A great illustration of this new duality is actually a person: Ursa Wren, Sabine’s mother. The Countess of Clan Wren is the ruler of Krownest, but her authority is all but nil as the actual ruler of her people, the Empire, hold her husband hostage to ensure she is content to sit on her secluded colony world and not make a fuss. She tries to keep her clan together by playing along, not an easy thing to do when Sabine was at least partially responsible for developing something that proved a great service in helping the Empire quash resistance among the other clans. Ursa allows her son to join Saxon’s Super Commandos in an attempt to restore a bit of their status while otherwise keeping her head down, trying to remain neutral just as Duchess Satine did but for very different reasons.
Then her daughter returns after years spent on the run, bringing an ancient symbol of power with her, and starts spitting rhetoric about how Mandalore needs to be free again.
Ursa is left in a terrible bind. On the one hand, all of her work trying to keep her clan together and alive is threatened by the return of someone both the Empire and the other clans see as a traitor, and by the Darksaber’s reemergence. On the other hand, her daughter has come back home and, either purposely or inadvertently, put herself in tremendous danger. Caught between loyalty to her clan and love for her daughter, she lashes out at Sabine when she appears before her, and repeatedly tells her that coming back was a mistake, but ultimately makes a deal with Gar Saxon to try and keep her alive even if it means handing him the Darksaber and two Jedi on a platter.

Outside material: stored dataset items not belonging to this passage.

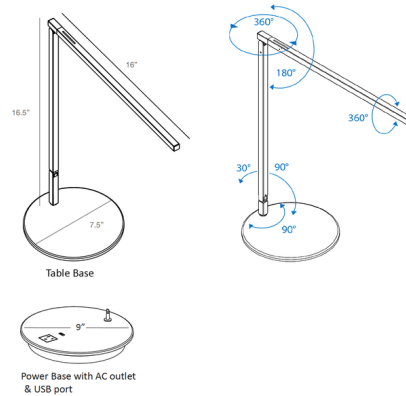

CLICK TO VIEW PRODUCT

Notes: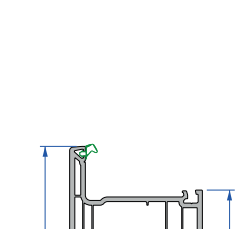

PVC PROFİL ÇEŞİTLERİ / PVC PROFILE TYPES

Revotech

Dorado 76

Safir 76

CİTALAR
GLZ BEADS

lotus

PanoramalıS 76

Comfort Slide

Of course, once Saxon proves that his honor only stretches as far as it conveniences him, she turns on him to save her family, even if it means the bringing chaos back to Mandalore as a whole.
When it comes down to her having to choose between saving her clan’s status and saving her daughter, Ursa tries to break the mold, tries to find a third option, refusing to surrender either one. Ultimately, she does find that option, just not in a way she had anticipated, and her killing Gar Saxon will inevitably send shockwaves through their sector of space. But an option that never once crossed her mind is to simply surrender, to let her clan be absorbed by the Empire as others have. Even her son has had loyalty to their family so drilled into him that, when forced to choose between serving Saxon and living to fight another day, or dying with his family and the rest of their clan, he willingly turns his blaster against his former comrades. The clan comes first.
While it’s doubtful that Karen Traviss will ever come back to the franchise at this point, the fact that her version of Mando’a is still in use speaks to the willingness of the Rebels writing team to draw from all versions of the culture to fill the best toolbox for their story. Where Mandalorian culture will ultimately go from here is something that we will have to wait and see. But the promise of storytelling potential is tantalizing as we unpack what happens to a warrior culture under Imperial rule, as well as seeing how the two very different schools of thought that exist in their cultural portrayal continue to mesh and clash.
I think this shows the wisdom of labelling the old EU “Legends”.
A legend has bits and pieces of truth in it – maybe with some exaggeration – but there’s always going to be nuggets of reality there. So even as we move to the new canon – legends can be drawn upon.
This is actually something Rebels has done exceedingly well.